Does student loan interest accrue during school?Many student loans come with special rules for students who are still in school. With the notable exception of a federal subsidized loan, student loans do accrue interest during school.
Student Loan Interest Rates
The interest rates on student loans vary from loan to loan. Some loans have interest rates that can change while others are fixed. These terms are set when the borrower signs the loan contract. The good news for borrowers is that there are many ways to get interest rates lowered.
There are many factors that determine the original interest rate on the loan. For federal government loans, the rate is set by Congress. For private loans, factors such as borrower credit score, economic conditions, and lender cashflow can all affect the interest rates offered.
Generally speaking, when the interest rate of a loan suddenly goes up, it is because it is a variable-rate loan. These loans are tied to an index rate such as the LIBOR, which is a rate banks use to determine the interest rate when lending to other banks. Variable-rate loans usually change quarterly (four times per year), but depending upon the original student loan contract, the rate may move monthly or yearly. Most lenders do not have an obligation to tell borrowers if their rate has gone up. An increase in interest rate may also mean higher monthly payments.
Lenders are rarely willing to negotiate a lower interest rate, but there are at least 14 other ways to get a lower interest rate. Not everyone is able to turn their good credit score into a lower rate by refinancing, but programs also exist for borrowers who are struggling to repay their debt.
Preventing Student Loan Interest Accrual and Interest Compounding
Other than paying a loan back in full, it is nearly impossible to avoid a loan accruing interest.

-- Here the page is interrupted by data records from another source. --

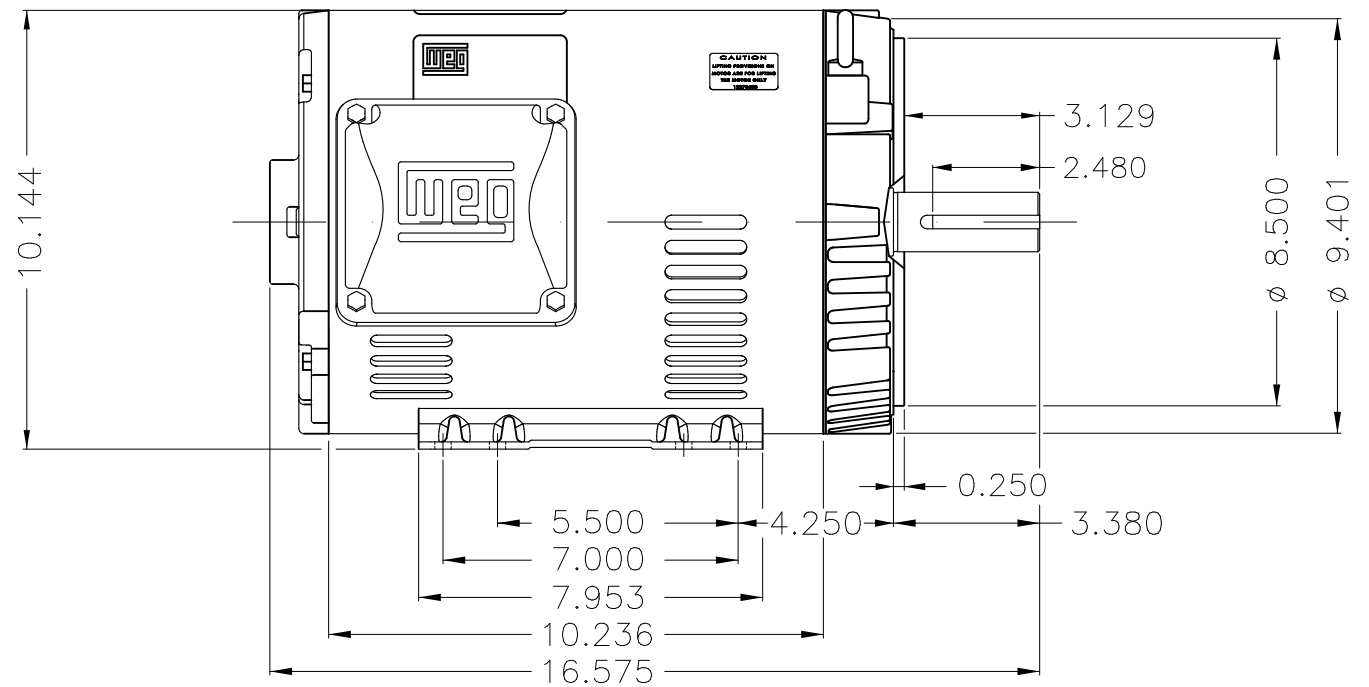

Dimensões em polegada
Dimensions in inches

THIS IS AN UPDATED REVISION, THE
PREVIOUS ONE MUST BE DISREGARDED.

Color Munsell N 1 matte black
Painting plan 207N
Mounting F-1/B34R(D)

ECM	LOC	SUMMARY OF MODIFICATIONS	EXECUTED	CHECKED	RELEASED	DATE	VER
EXECUTED	USERADMIN	THREE PHASE ODP ROLLED STEEL NEMA PREM.					
CHECKED		FRAME 213/5TC ODP					
RELEASED		WEG code: 12674736					
REL DT	24.07.2017	WMO Jaragua do Sul	Product Engineering	SHEET	1 / 1		

7.5 HP 04 Poles 60Hz

A

A notable exception would be for federal subsidized loan borrowers. These borrowers can prevent future interest accrual if they qualify for a deferment. Federal student loan borrowers who are fighting cancer may also be able to stop being charged interest on their loans.
Preventing interest compounding, or capitalization, is straightforward. As long as a borrower makes monthly payments that are larger than the monthly interest, the loan balance will not grow, and the borrower will not have to pay interest on the interest that accrues each month. Things get more complicated for borrowers who are in school or who are on an income-driven repayment plan making payments smaller than the monthly interest accrual. These borrowers want to avoid events that trigger interest capitalization.